● **AIM OF THE TASK**:
Only the stretch below from the line holding "Anti-social behaviour" through the line holding "attack=2.85 defense=3.26" should be restated, word for word and with both ends included; pictures stay out.

● **RECORDS SUPPLIED**:
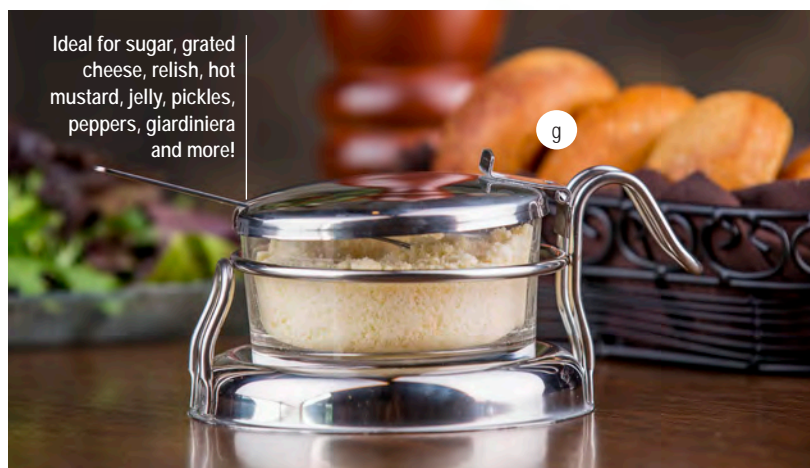

Ideal for sugar, grated cheese, relish, hot mustard, jelly, pickles, peppers, giardiniera and more!

g
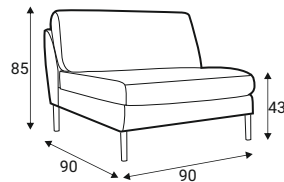

California

Standard sets (curved)

2S (R147) - seater

3S (R95) - seater

4S (R147) - seater

Standard sets

70 - middle part

90 - middle part

1S - seater

2S (140) - seater

3S - seater

3,5S (105) - seater

1XR - right

1XL - left

Quatropi reserves the right to change construction of products and components used due to improving durability of product and customer satisfaction without any further notice. Upholstered furniture is handmade using soft materials therefore measurements may vary up to +/- 3cm. Slight colour variations may occur between production batches. For technological reasons variations in color shades are acceptable.
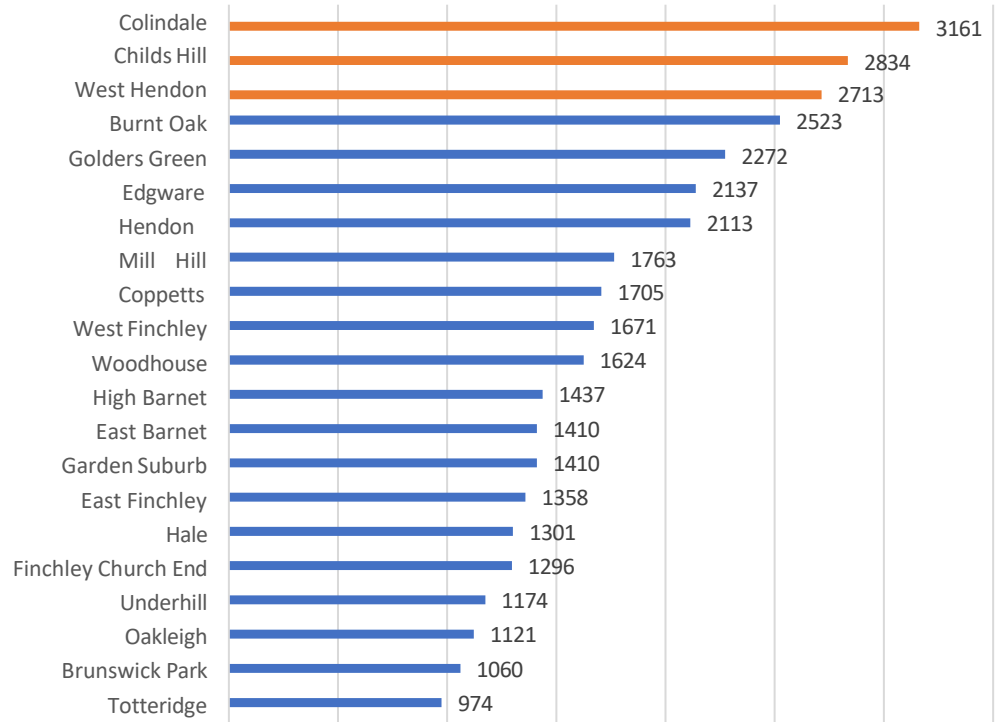

Barnet

All Crime

Between Apr 2021 and Mar 2022

Level of Crime	26764 incidents	/68 per thousand residents
-----------------------	-----------------	----------------------------

Annual Change	Incidents have increased by 1528 compared to the period last year (6.05%)	
----------------------	---	--

Top Wards

The ward in Barnet with the highest crime volume within this time period is Colindale followed by Childs Hill & West Hendon.

Barnet

Anti-social behaviour

Between Apr 2021 and Mar 2022

Level of Crime	10293 incidents	/26 per thousand residents
-----------------------	-----------------	----------------------------
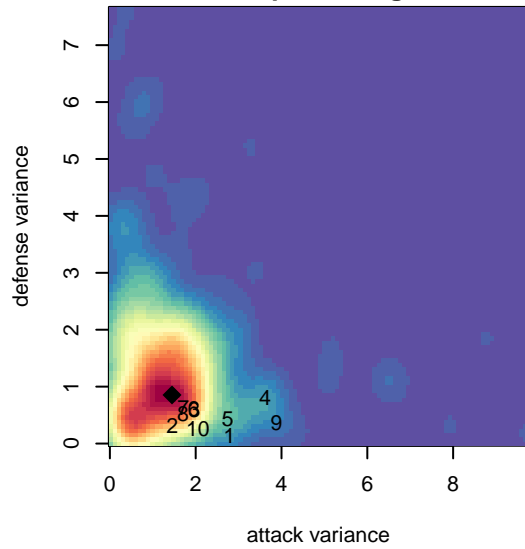

PacNW White G99

Pacific Northwest SC
 Tukwila, WA
 G99 total strength=1122
 attack=2.85 defense=3.26
 fall league = RCL G99 Div 4

alt names used:
 PacNW G99 White
 PacNW White [G99]
 PACIFIC NORTHWEST SC PACNW 99 WHITE
 PacNW 99 White
 PacNW 99 White
 PacNW G99 White
 PacNW G99 White

**attack and defense variance (black dot)
relative to other teams
and top 10 in region**

**attack and defense rating
relative to others at age
and all opponents in last 13 months**

Performance relative to 13 month average

● **REPLY**:
Anti-social behaviour

Between Apr 2021 and Mar 2022

Level of Crime	10293 incidents	/26 per thousand residents
-----------------------	-----------------	----------------------------

PacNW White G99

Pacific Northwest SC
 Tukwila, WA
 G99 total strength=1122
 attack=2.85 defense=3.26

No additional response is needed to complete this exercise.